The The invention relates to a gas sensor for measuring a gas component in a gas mixture and its use according to the preamble of independent claims.

State of the art

in the As environmental legislation progresses, so does the Need for sensors, with the help of even the smallest amounts of pollutants can be reliably determined. Play here Above all, gas sensors play a big role in determining it of gaseous pollutants in the ppm range independently allow the temperature of the sample gas. It puts but in particular the determination of the content of nitrogen oxides in Combustion exhaust gases due to the often high oxygen content in Exhaust gases are a special challenge.

So is out of the US 2003/0075441 to take a gas sensor, which serves, among other things, the determination of nitrogen oxides. Its mode of operation is assigned to the so-called double-chamber limit current principle. In this case, measuring gas entering the sensor is selectively freed of oxygen by means of two electrochemical pumping cells arranged one after the other in the flow direction of the measuring gas and thus the oxygen partial pressure is greatly reduced. The respective pumping electrodes have different potentials, so that the oxygen content of the measuring gas can be gradually reduced without the proportion of nitrogen oxides in the measuring gas being significantly changed.

This However, sensor construction requires a large number of electrical connections for contacting pumping electrodes, measuring electrodes, heating element, etc. A high number of connections, however, leads to a high Effort in relation to the lead-out of the electrical Supply lines from the sensor element, in the electrical contacting and the lead out of the cable housing from the sensor housing. This results in high material and manufacturing costs as well as an increased Quality risk.

Purpose and advantages of the invention

task the present invention is to provide a gas sensor, the u. a. allows the determination of nitrogen oxides in combustion exhaust gases at the same time require a small amount of electrical Contacts.

Of the Gas sensor according to the invention with the characterizing Features of the independent claims triggers advantageously the problem underlying the invention. In this case, the gas sensor comprises a sensor element, wherein two electrodes of the Sensor element have a common electrical contact. In this way, the complex separate contacting a the two electrodes can be saved. Nevertheless, different To be able to realize potentials at the respective electrodes, At least one of the electrodes is an electrical resistance upstream.

Further advantageous embodiments of the present device emerge from the dependent claims.

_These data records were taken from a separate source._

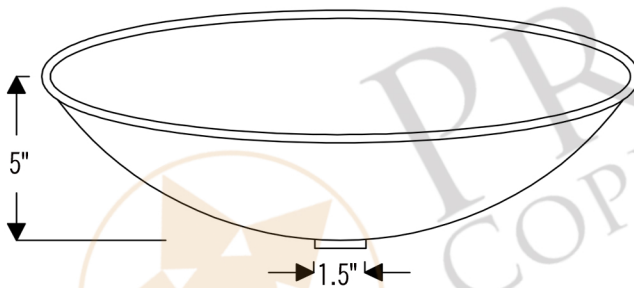

**PREMIER**  
COPPER PRODUCTS

**MODEL NUMBER: TFV017PB**

**DESCRIPTION: Terra Firma 17" Oval Vessel Sink**

**OUTER DIMENSION: 17" x 12" x 5"**

**BOTTOM SINK FLOOR DIMENSION: 12" Rounded**

**SINK HEIGHT: 5"**

**TEXTURE: Terra Firma**

**FINISH: Polished Brass**

**RIM: Hand Forged Polished Top Rim**

**DRAIN OPENING: 1.5"**

**INSTALLATION TYPE: Vessel**

THIS PRODUCT IS HAND CRAFTED, SMALL VARIANCES IN COLOR AND SIZE MAY OCCUR.  
DO NOT MAKE ANY INSTALLATION CUTS UNTIL YOU RECEIVE YOUR ITEM(S).

So it is particularly advantageous if both electrodes as pumping electrodes for changing the oxygen concentration at or within are formed of the sensor element, since these relatively static, in their height well calculable different pumping voltages issue.

Farther is advantageous if the electrical resistance in a ceramic Layer of the sensor element is integrated, within the first or the second electrode is formed. This way you can the contacting of the electrodes or the integration of the electrical Resistance in the electrode lead of at least one of the electrodes Manufacturing technology done in a simple manner. Alternatively, you can the electrical resistance on a large area be positioned of the sensor element. This too represents a manufacturing technology satisfactory solution.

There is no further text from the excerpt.